Material to process:

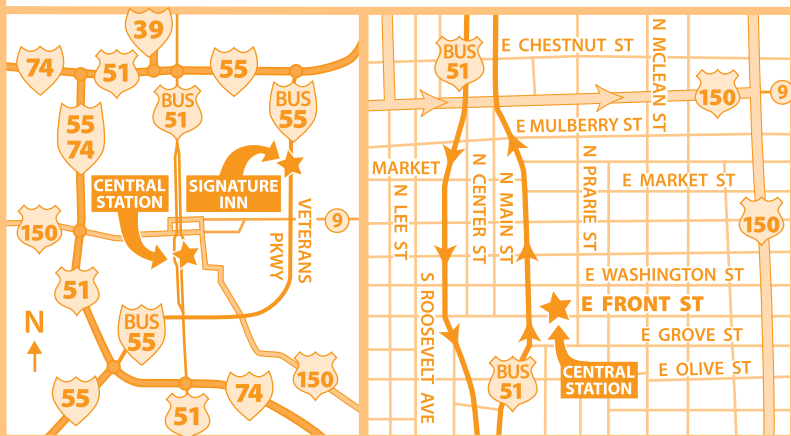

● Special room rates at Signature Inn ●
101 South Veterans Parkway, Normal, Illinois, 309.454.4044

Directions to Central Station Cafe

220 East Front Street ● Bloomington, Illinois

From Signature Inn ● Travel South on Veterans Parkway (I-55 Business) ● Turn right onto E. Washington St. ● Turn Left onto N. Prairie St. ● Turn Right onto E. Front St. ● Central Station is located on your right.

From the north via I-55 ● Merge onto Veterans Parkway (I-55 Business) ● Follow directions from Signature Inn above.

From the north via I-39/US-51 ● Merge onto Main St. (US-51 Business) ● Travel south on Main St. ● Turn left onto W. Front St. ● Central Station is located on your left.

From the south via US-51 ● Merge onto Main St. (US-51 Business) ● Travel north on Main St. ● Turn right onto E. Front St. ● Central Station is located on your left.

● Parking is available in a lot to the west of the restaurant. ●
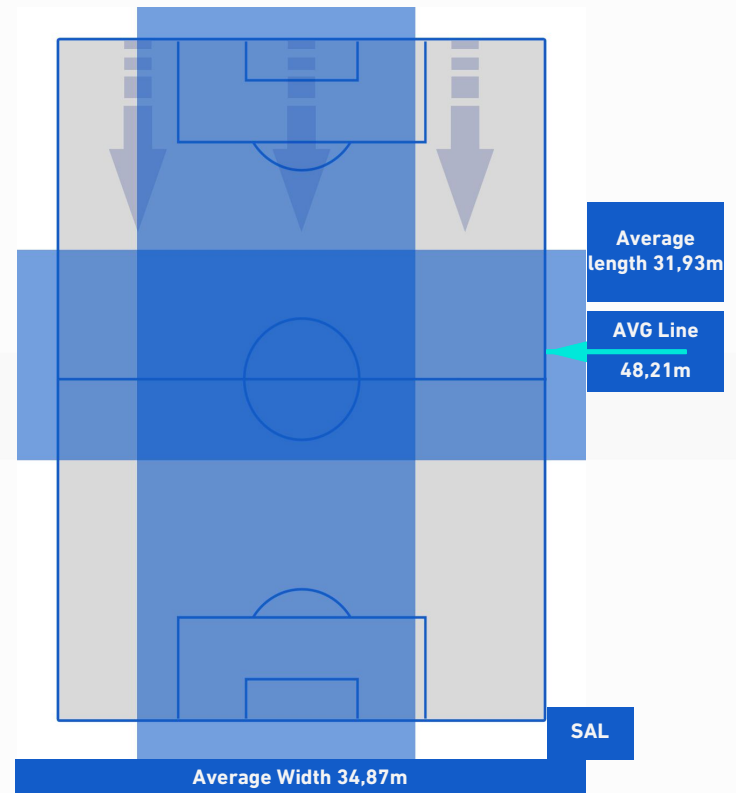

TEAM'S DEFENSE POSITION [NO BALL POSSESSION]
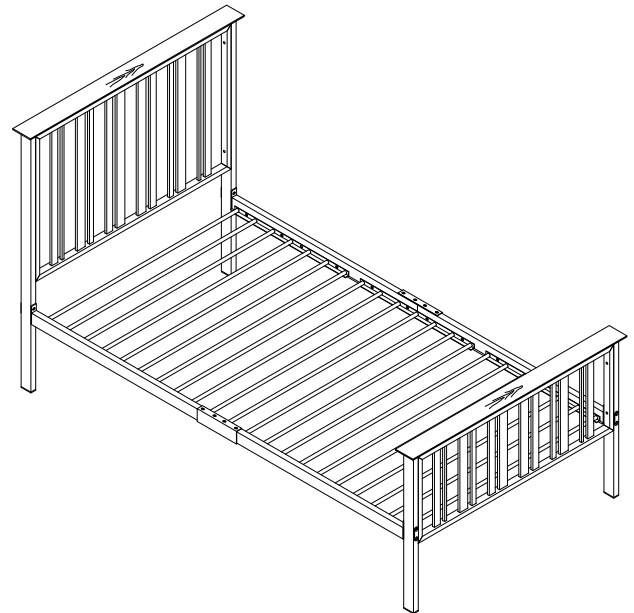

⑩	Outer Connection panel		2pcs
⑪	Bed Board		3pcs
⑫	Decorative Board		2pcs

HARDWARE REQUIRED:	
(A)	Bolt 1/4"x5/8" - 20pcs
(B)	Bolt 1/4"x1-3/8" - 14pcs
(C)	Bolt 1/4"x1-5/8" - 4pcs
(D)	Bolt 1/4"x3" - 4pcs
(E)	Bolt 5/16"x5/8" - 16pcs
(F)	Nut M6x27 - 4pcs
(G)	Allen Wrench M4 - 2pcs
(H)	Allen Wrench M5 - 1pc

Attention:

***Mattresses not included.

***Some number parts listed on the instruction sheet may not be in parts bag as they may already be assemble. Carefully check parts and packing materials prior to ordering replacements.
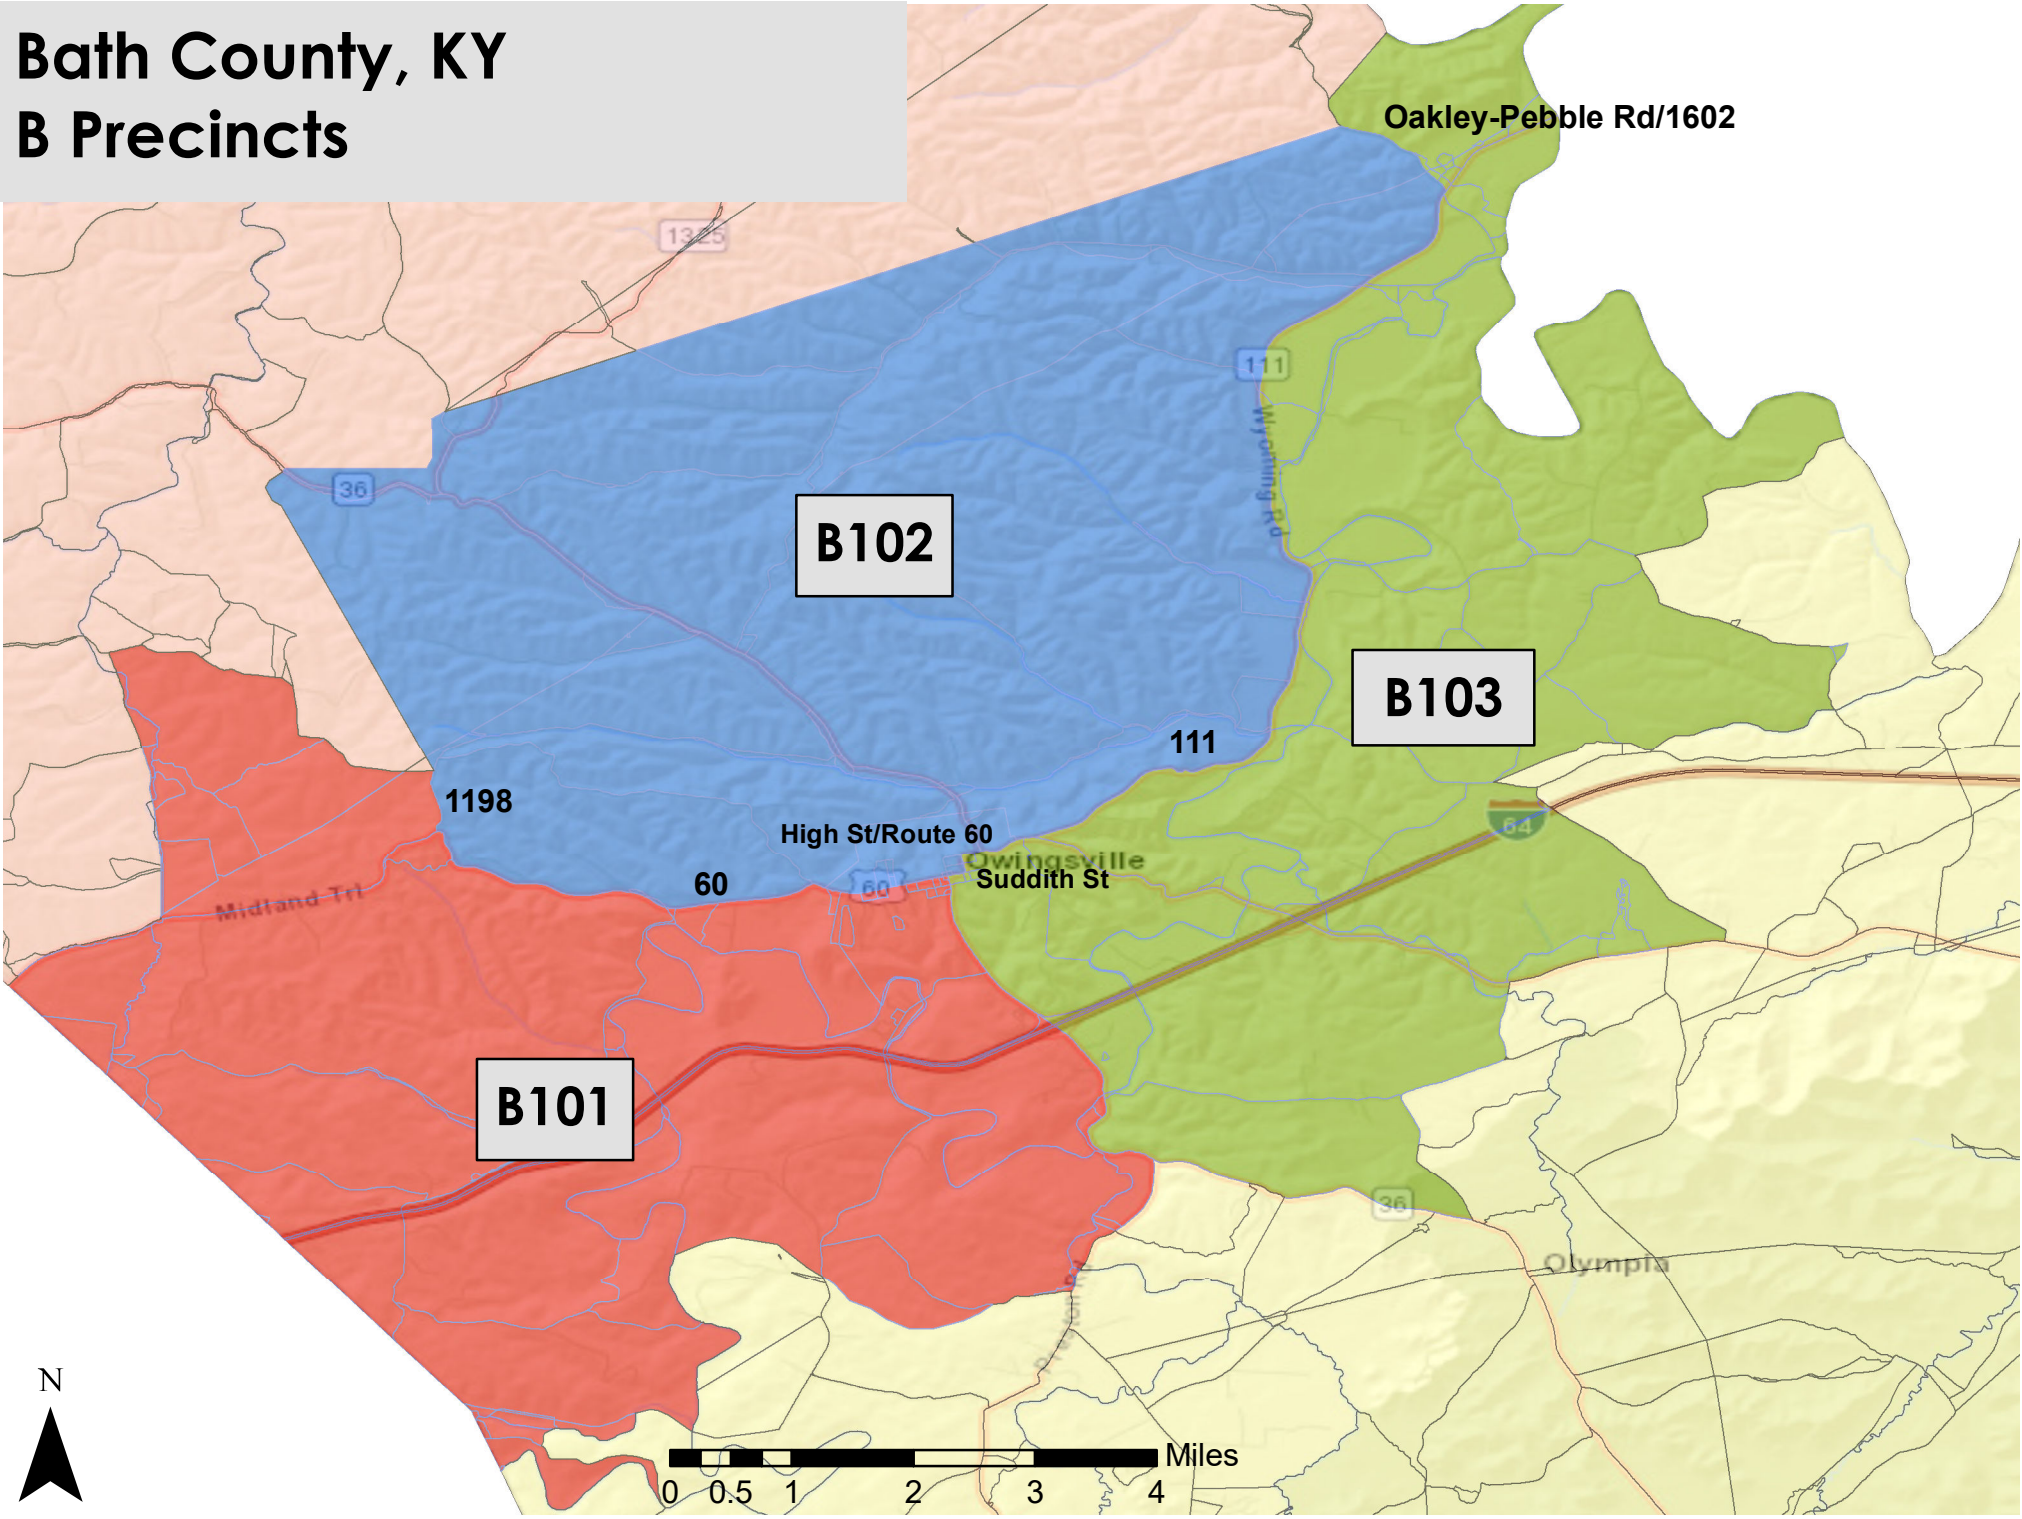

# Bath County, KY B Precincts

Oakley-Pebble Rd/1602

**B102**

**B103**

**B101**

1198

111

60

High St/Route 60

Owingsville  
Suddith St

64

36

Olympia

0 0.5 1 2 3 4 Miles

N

Exercise: Pick out every line above that holds the word "Illinois" and copy it.

Result for this exercise:
101 South Veterans Parkway, Normal, Illinois, 309.454.4044
220 East Front Street ● Bloomington, Illinois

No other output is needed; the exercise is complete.